Stored data
▶
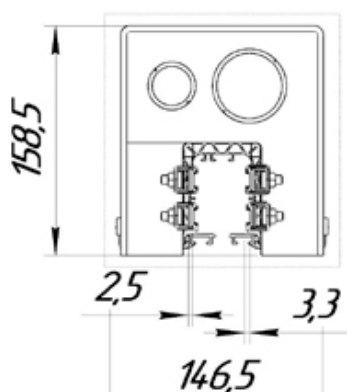

Линейный подвод питания на стыке 5/140 21-556-03 СБ для троллейного шинпровода Современные технологии

Технические характеристики: линейный подвод питания
на стыке 5/140 21-556-03 СБ троллейного шинпровода

Наименование	Обозначение	Доступная нагрузка А	Кбельный ввод мм.
Линейный подвод питания 5/140	21-556-03 СБ	140	50

Поставка троллейных шинпроводов и комплектующих

ООО "Альпарк"

Телефон: +7 (499) 403-17-76, для звонков из Казахстана +7 (717) 269-69-54
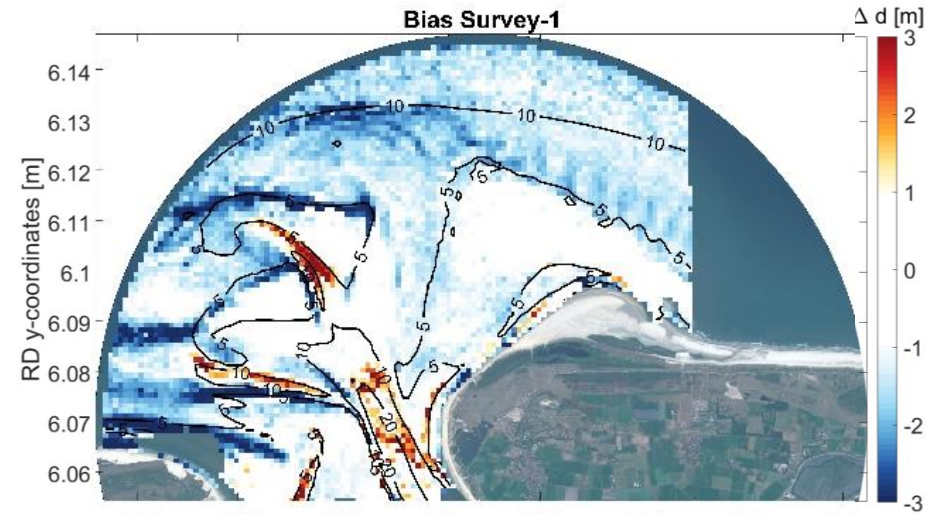

Deltares

Deltares

4 jaar monitoring van het Amelander Zeegat met Xband-radar

Matthijs Gawehn

11 februari 2022

Hoe is het begonnen?

- Bestaande navigatie (X-Band) radar
- Kustegenese 2
 - Rijkswaterstaat, Deltares, SEAWAD

...lokale computer
voor data analyse alle
40-60 min
24/7

...vaklodgingen
alle 3 jaar

$$\omega = \sqrt{gk \tanh kd} + k \cdot \vec{U}$$

XMFit

suppletie

Hoe zag het zeegat eruit de afgelopen 4 jaar?

Hoe nauwkeurig waren de schattingen?

Verskil met vakklodingen

→ Suggestie: Hoge snelheidschattingen onderdrukken

nieuw XMFit regressie schema:

$U < 0.75 \text{ m/s}$

→ Suggestie: Hoge snelheidschattingen onderdrukken

→ Effectief !

Wat deed de suppletie?

Suppletie

Wat deed de buitendelta?

→ Polaire
coördinaten

Conclusies

- XBand radar analyse met XMFit is een succesvolle monitoring tool
- Nauwkeruigheid XMFit schattingen (na codeverbetering) $< \pm 1$ m
- Pilotsuppletie kon worden gemonitord
- Veranderingen in de buitendelta konden worden gemonitord:
 - Uitbouw van westelijke ebgeul (8 m contour) met 1200 m
 - Zandbanken verschoven met 700-800 m en roteerden $\sim 20^\circ$ - 30°
 - Oude Akkepollegat roteerde en de rotatie lijkt te versnellen
→ Westelijke ebgeul wordt nieuwe Akkepollegat
 - Bornrif roteerde en landt aan bij Ameland
 - Hoge tijdresolutie maakt het mogelijk om onvoorspelbaar gedrag waar te nemen
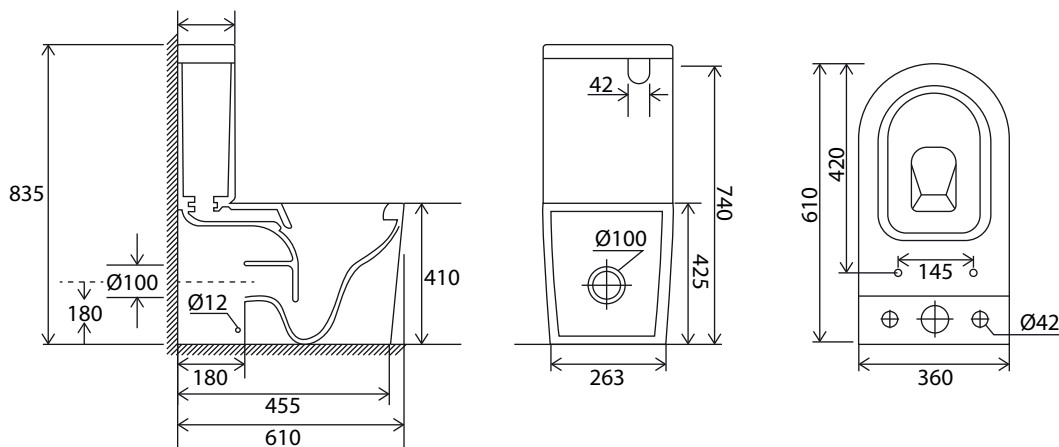

ARTIGO

Nome: Twist

Série: Sanitas

Descrição: Descarga parede

Referência: 15010085 - Branco Mate

CARACTERÍSTICAS

Material: Cerâmica

Dimensões Gerais:

Outros:

Cores: Branco Mate

Nota: Medidas em mm

DESENHO TÉCNICO E IMAGEM

15010085
Sanita de chão
610x360x835mm

- Fixações para o tampo e sanita
- Camada de protecção Nano Glaze
- Alta eficiência 4,5 lpf ou 3,0 lpf
- Descarga dupla cromada superior
- Tampo amortecido
- Parafuso de chão
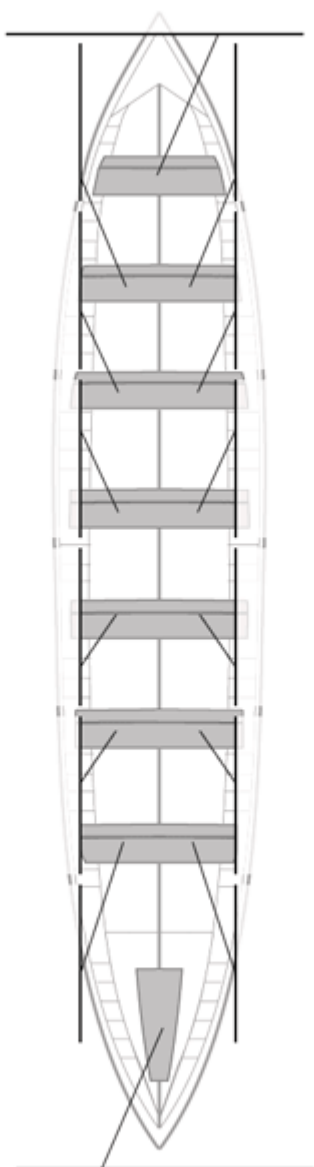

Club	Tiempo	A favor	%	Puntos
2	ORSA HONDARRIBIA	19:57,83	00:06,81	100.57%	11

Entrenador

Delegado

Image not found or type unknown

Image not found or type unknown

Firma y sello

Suplentes

Canteranos:0

Propios: 0

No propios: 0
◀
Pictures excluded, repeat the records exactly from their opening line through the line containing "nieuw XMFit regressie".

Линейный подвод питания на стыке 5/140 21-556-03 СБ для троллейного шинпровода Современные технологии

Технические характеристики: линейный подвод питания
на стыке 5/140 21-556-03 СБ троллейного шинпровода

Наименование	Обозначение	Доступная нагрузка А	Кбельный ввод мм.
Линейный подвод питания 5/140	21-556-03 СБ	140	50

Поставка троллейных шинпроводов и комплектующих

ООО "Альпарк"

Телефон: +7 (499) 403-17-76, для звонков из Казахстана +7 (717) 269-69-54

Deltares

Deltares

4 jaar monitoring van het Amelander Zeegat met Xband-radar

Matthijs Gawehn

11 februari 2022

Hoe is het begonnen?

- Bestaande navigatie (X-Band) radar
- Kustegenese 2
 - Rijkswaterstaat, Deltares, SEAWAD

...lokale computer
voor data analyse alle
40-60 min
24/7

...vaklodgingen
alle 3 jaar

$$\omega = \sqrt{gk \tanh kd} + k \cdot \vec{U}$$

XMFit

suppletie

Hoe zag het zeegat eruit de afgelopen 4 jaar?

Hoe nauwkeurig waren de schattingen?

Verskil met vakklodingen

→ Suggestie: Hoge snelheidschattingen onderdrukken

nieuw XMFit regressie schema:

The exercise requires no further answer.